• INFORMATION PROVIDED:
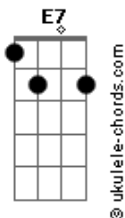

Reddy Allor - Álcool Estima

tom:

Intro: Gb Ab Dbm Bbm Bbm7

Gb Ab
Quase 30
Bbm
Noção 0

Ab
Fui educada e já pensou que eu quero
Gb Ab
Vai com calma paixão
Bbm
Eu só te falei oi
Ab Gb
Você respondeu não com aquela cara de deboche

E7
Me fala o que tem nessa dose

Gb Ab
Deve ser Álcool Estima
Bbm
Quanto mais cê bebe mais cê pisa

Gb Ab
Deve ser Álcool Estima
Bbm
Nem todo mundo ta dando em cima

Gb Ab
Deve ser Álcool Estima
Bbm
Quanto mais cê bebe mais cê pisa

Gb Ab
Deve ser Álcool Estima
Bbm
Nem todo mundo tá dando em cima

Reddy Allor, vai
Gb Ab
Quase 30
Bbm
Noção 0

Ab

Acordes

Fui educada e já pensou que eu quero
Gb Ab
Vai com calma paixão
Bbm
Eu só te falei oi
Ab Gb
Você respondeu não com aquela cara de deboche
E7
Me fala o que tem nessa dose
Gb Ab
Deve ser Álcool Estima
Bbm
Quanto mais cê bebe mais cê pisa
Gb Ab
Deve ser Álcool Estima
Bbm
Nem todo mundo ta dando em cima
Gb Ab
Deve ser Álcool Estima
Bbm
Quanto mais cê bebe mais cê pisa
Gb Ab
Deve ser Álcool Estima
Bbm
Nem todo mundo tá dando em cima
Gb Ab
Pa pa parararara
Bbm
Pa pa parararararararara
Gb Ab
Pa pa parararara
Bbm
Para pra pensar
Gb
Eu não tô dando em cima
Ab Bbm
Eu não tô dando em cima
Gb
Pa pa pararara
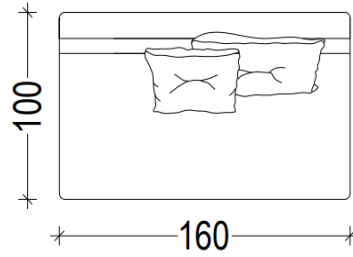

ALYA

ALYA

KÖŞE KOLTUK TAKIMI / CORNER SOFA SET

ALYA KÖŞE KOLTUK TAKIMI KOLSUZ MODÜLÜ

Alternatif 1 / 140 cm

Alternatif 2 / 160 cm

Alternatif 3 / 180 cm

Alternatif 4 / 200

ALYA KÖŞE KOLTUK TAKIMI SAĞ VE SOL KOLLU MODÜLÜ

Alternatif 1 / 140 cm

Alternatif 2 / 160 cm

Alternatif 3 / 180 cm

Alternatif 4 / 200 cm

ALYA KÖŞE KOLTUK TAKIMI SAĞ – SOL DAYBED MODÜLÜ
ALYA KÖŞE KOLTUK TAKIMI SEHPA MODÜLÜ

SAĞ DAYBED MODÜLÜ

SOL DAYBED MODÜLÜ

SEHPA MODÜLÜ

ALYA KÖŞE KOLTUK TAKIMI TEK KOLLU MODÜLÜ

Alternatif 1 / 140 cm

Alternatif 2 / 160 cm

Alternatif 3 / 180 cm

Alternatif 4 / 200 cm
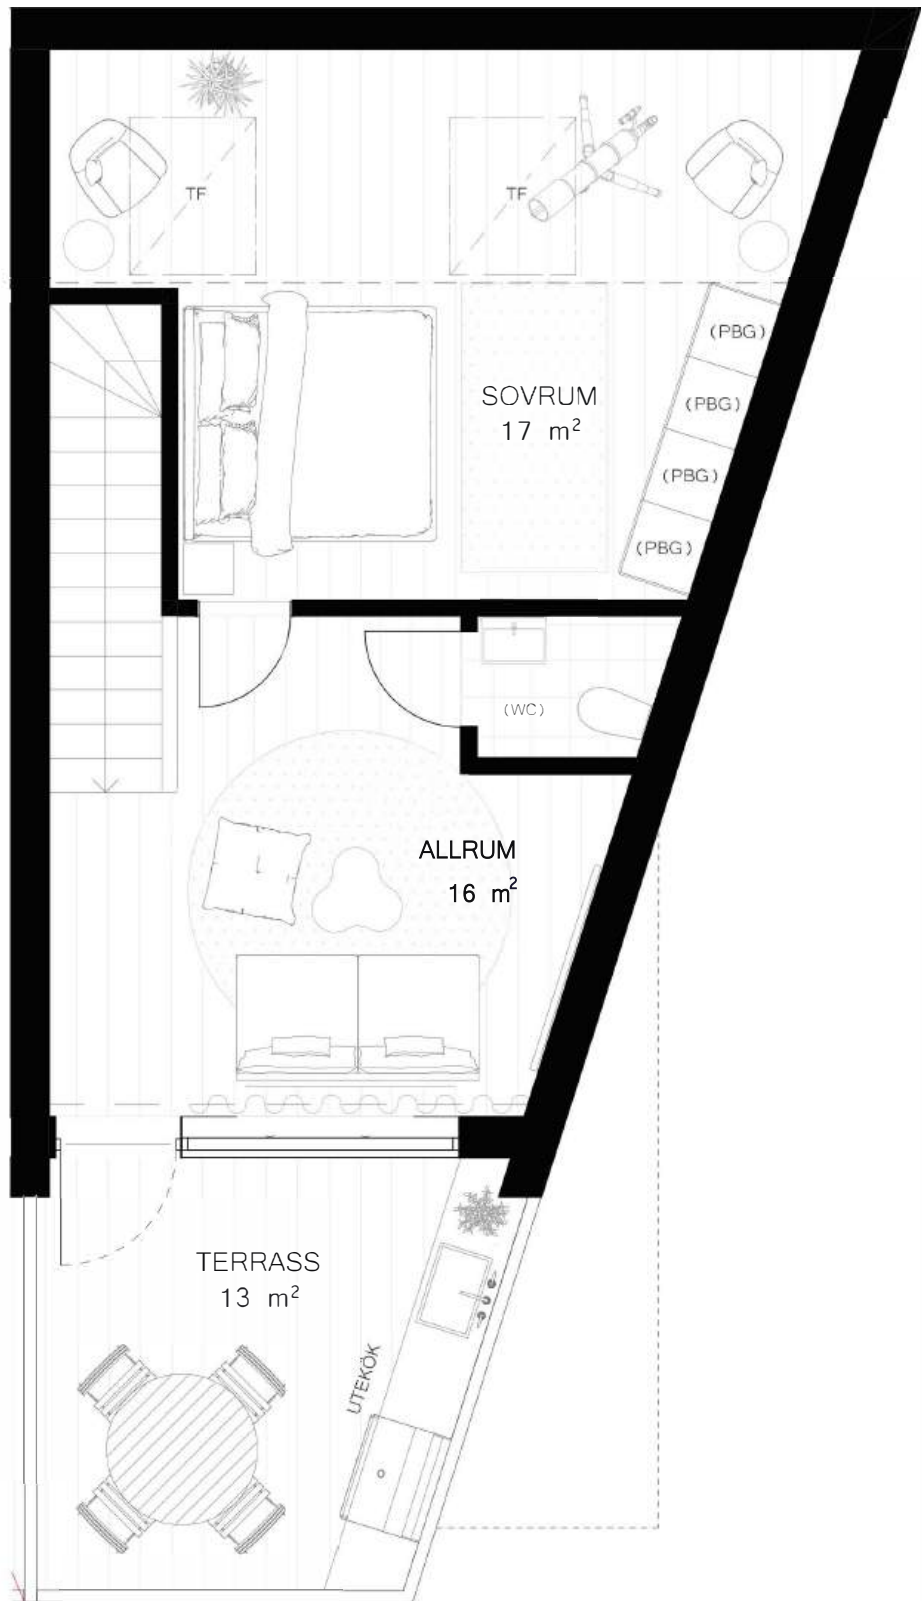

Övre plan

Illustrerad planlösning,
avvikelser kan förekomma.

PBG	Platsbyggt garderoob
F	Frys
K	Kyl
DM	Diskmaskin
S/U	Spishäll & Ugn
K●	Köks●
TM	Tvättmaskin
TT	Torktumlare
VP	Värmepump
WIC	Walk in closet
FRD	Förråd
KLK	Klädkammare
(VK)	Vinkyl, Tillval
(PBG)	Platsbyggt garderoob Tillval
(WC)	WC, Tillval

Platsbyggt färvning, designad och tillverkad av ■egården Snicken i norra Sverige, skräddarsydd för att passa dina behov och utrymmen.

Utekök på terrass är inte fast installation och ingår ej, det är endast förberett för vatten och avlopp.
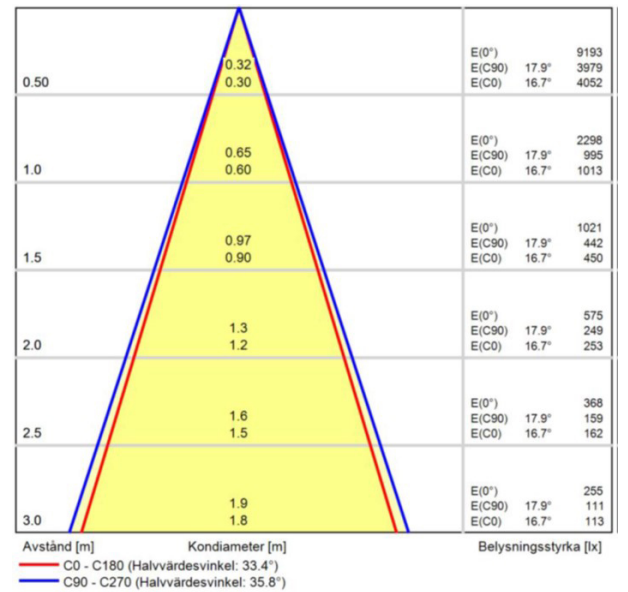

Ljusdiagram
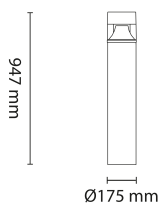

Teknisk data

Spenning (V)	230
Min. omgivelsestemperatur (°C)	-20
Max. omgivelsestemperatur (°C)	+50

Utførelse

Farge	Grafitt
Materiale	Aluminium
IP klasse	65
Lyskilde	TC-TSE
Isolasjonsklasse	II
Dimbar	-
IK-klasse	10
Integrert/ekstern driver	-
Sokkel	E27
Montering	Utenpåliggende
Avdekningsmateriale	Polykarbonat
Dimmetype	-
Optikk	-
Brannklasse D	Nei
DALI	Nei
Hurtigkobling	Nei
Antall poler	3
Utforming	Tube
Lysfordeling	Ekstremt bredstrålende >80gr
Utstrålingsvinkel (°)	150
Produktfamilie	Fuji

Dimensjoner

Fuji Pullert Rund E27 Grafitt

Elnr.: 3109506

Høyde (mm)	947
Diameter (mm)	175

Tilbehør

Vedlikehold

Produktet rengjøres ved å tørke over med en fuktig microfiberklut. Evt. vann/såperester fjernes med en ren microfiberklut.
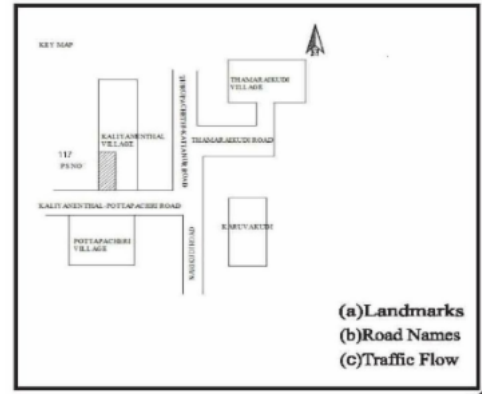

Cad View

Key MAP View
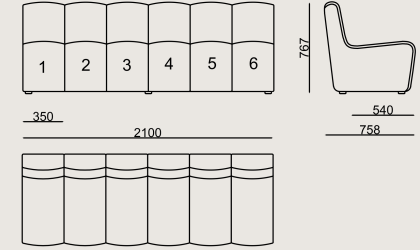

KUMAŞ D: Synergy, Main Line Flax, KVADRAT
TECHNICOLOUR

KUMAŞ E: Matera

KUMAŞ B+: KVADRAT AUTUMN, KVADRAT
GUEST, KVADRAT TELEMIA

Üretim Süresi / Montaj Notları

6-8 hafta + Kargo süresi

Ürün monte edilmiş olarak teslim edilir.

Ürün Açıklaması

- İskelet, metal kasa üzerine yerleştirilmiş farklı yoğunluklardaki süngerlerden oluşur.
- Her bir dilim, farklı kumaşlarla kaplanabilir.
- Modüller metal braketlerle birbirine bağlanabilir.
- Ayaklar, siyah plastiktir.

Boyutlar

	Hacim	1.38 m3
	Paket	1
	Ağırlık	64 kg

DİLİM S0 ADS210 KANEPE KUMAŞ B
Toplam Genişlik: 2100 mm"
Toplam Derinlik: 758 mm"
Toplam Yükseklik: 766 mm"

Tüm renkler &
malzemeler & kataloglar için tarayın
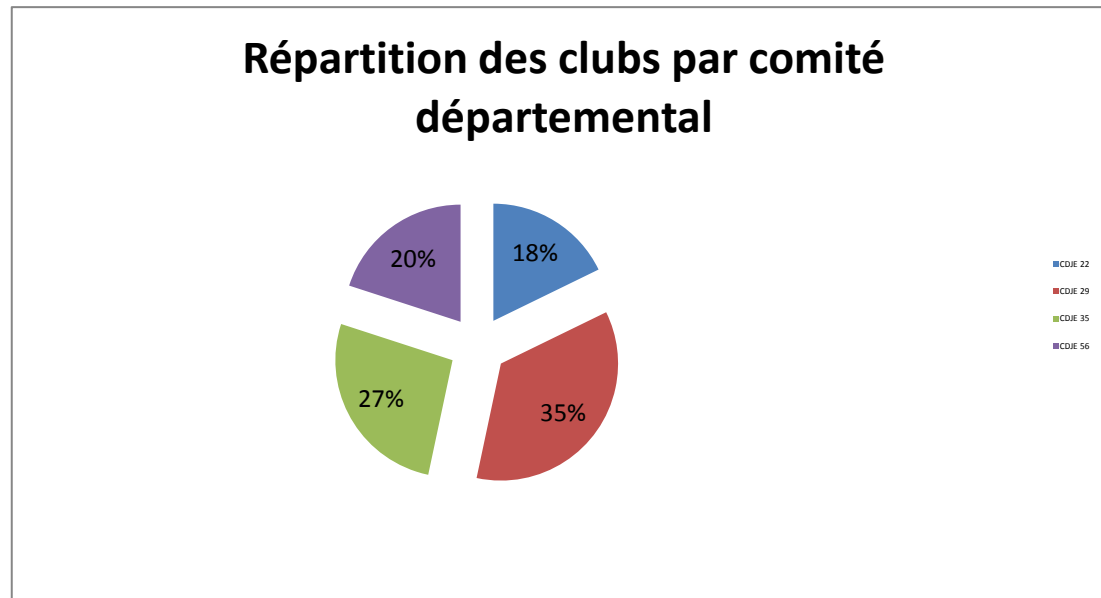

Graphique 4

• WHAT THIS TASK INVOLVES:
Please set down each line of the data above exactly as written, without the pictures.

• RESULT OF THIS TASK:
Reddy Allor - Álcool Estima

tom:

Intro: Gb Ab Dbm Bbm Bbm7

Gb Ab
Quase 30
Bbm
Noção 0

Ab
Fui educada e já pensou que eu quero
Gb Ab
Vai com calma paixão
Bbm
Eu só te falei oi
Ab Gb
Você respondeu não com aquela cara de deboche

E7
Me fala o que tem nessa dose

Gb Ab
Deve ser Álcool Estima
Bbm
Quanto mais cê bebe mais cê pisa

Gb Ab
Deve ser Álcool Estima
Bbm
Nem todo mundo ta dando em cima

Gb Ab
Deve ser Álcool Estima
Bbm
Quanto mais cê bebe mais cê pisa

Gb Ab
Deve ser Álcool Estima
Bbm
Nem todo mundo tá dando em cima

Reddy Allor, vai
Gb Ab
Quase 30
Bbm
Noção 0

Ab

Acordes

Fui educada e já pensou que eu quero
Gb Ab
Vai com calma paixão
Bbm
Eu só te falei oi
Ab Gb
Você respondeu não com aquela cara de deboche
E7
Me fala o que tem nessa dose
Gb Ab
Deve ser Álcool Estima
Bbm
Quanto mais cê bebe mais cê pisa
Gb Ab
Deve ser Álcool Estima
Bbm
Nem todo mundo ta dando em cima
Gb Ab
Deve ser Álcool Estima
Bbm
Quanto mais cê bebe mais cê pisa
Gb Ab
Deve ser Álcool Estima
Bbm
Nem todo mundo tá dando em cima
Gb Ab
Pa pa parararara
Bbm
Pa pa parararararararara
Gb Ab
Pa pa parararara
Bbm
Para pra pensar
Gb
Eu não tô dando em cima
Ab Bbm
Eu não tô dando em cima
Gb
Pa pa pararara

ALYA

ALYA

KÖŞE KOLTUK TAKIMI / CORNER SOFA SET

ALYA KÖŞE KOLTUK TAKIMI KOLSUZ MODÜLÜ

Alternatif 1 / 140 cm

Alternatif 2 / 160 cm

Alternatif 3 / 180 cm

Alternatif 4 / 200

ALYA KÖŞE KOLTUK TAKIMI SAĞ VE SOL KOLLU MODÜLÜ

Alternatif 1 / 140 cm

Alternatif 2 / 160 cm

Alternatif 3 / 180 cm

Alternatif 4 / 200 cm

ALYA KÖŞE KOLTUK TAKIMI SAĞ – SOL DAYBED MODÜLÜ
ALYA KÖŞE KOLTUK TAKIMI SEHPA MODÜLÜ

SAĞ DAYBED MODÜLÜ

SOL DAYBED MODÜLÜ

SEHPA MODÜLÜ

ALYA KÖŞE KOLTUK TAKIMI TEK KOLLU MODÜLÜ

Alternatif 1 / 140 cm

Alternatif 2 / 160 cm

Alternatif 3 / 180 cm

Alternatif 4 / 200 cm

Övre plan

Illustrerad planlösning,
avvikelser kan förekomma.

PBG	Platsbyggt garderoob
F	Frys
K	Kyl
DM	Diskmaskin
S/U	Spishäll & Ugn
K●	Köks●
TM	Tvättmaskin
TT	Torktumlare
VP	Värmepump
WIC	Walk in closet
FRD	Förråd
KLK	Klädkammare
(VK)	Vinkyl, Tillval
(PBG)	Platsbyggt garderoob Tillval
(WC)	WC, Tillval

Platsbyggt färvning, designad och tillverkad av ■egården Snicken i norra Sverige, skräddarsydd för att passa dina behov och utrymmen.

Utekök på terrass är inte fast installation och ingår ej, det är endast förberett för vatten och avlopp.

Ljusdiagram

Teknisk data

Spenning (V)	230
Min. omgivelsestemperatur (°C)	-20
Max. omgivelsestemperatur (°C)	+50

Utførelse

Farge	Grafitt
Materiale	Aluminium
IP klasse	65
Lyskilde	TC-TSE
Isolasjonsklasse	II
Dimbar	-
IK-klasse	10
Integrert/ekstern driver	-
Sokkel	E27
Montering	Utenpåliggende
Avdekningsmateriale	Polykarbonat
Dimmetype	-
Optikk	-
Brannklasse D	Nei
DALI	Nei
Hurtigkobling	Nei
Antall poler	3
Utforming	Tube
Lysfordeling	Ekstremt bredstrålende >80gr
Utstrålingsvinkel (°)	150
Produktfamilie	Fuji

Dimensjoner

Fuji Pullert Rund E27 Grafitt

Elnr.: 3109506

Høyde (mm)	947
Diameter (mm)	175

Tilbehør

Vedlikehold

Produktet rengjøres ved å tørke over med en fuktig microfiberklut. Evt. vann/såperester fjernes med en ren microfiberklut.

Cad View

Key MAP View

KUMAŞ D: Synergy, Main Line Flax, KVADRAT
TECHNICOLOUR

KUMAŞ E: Matera

KUMAŞ B+: KVADRAT AUTUMN, KVADRAT
GUEST, KVADRAT TELEMIA

Üretim Süresi / Montaj Notları

6-8 hafta + Kargo süresi

Ürün monte edilmiş olarak teslim edilir.

Ürün Açıklaması

- İskelet, metal kasa üzerine yerleştirilmiş farklı yoğunluklardaki süngerlerden oluşur.
- Her bir dilim, farklı kumaşlarla kaplanabilir.
- Modüller metal braketlerle birbirine bağlanabilir.
- Ayaklar, siyah plastiktir.

Boyutlar

	Hacim	1.38 m3
	Paket	1
	Ağırlık	64 kg

DİLİM S0 ADS210 KANEPE KUMAŞ B
Toplam Genişlik: 2100 mm"
Toplam Derinlik: 758 mm"
Toplam Yükseklik: 766 mm"

Tüm renkler &
malzemeler & kataloglar için tarayın

Graphique 4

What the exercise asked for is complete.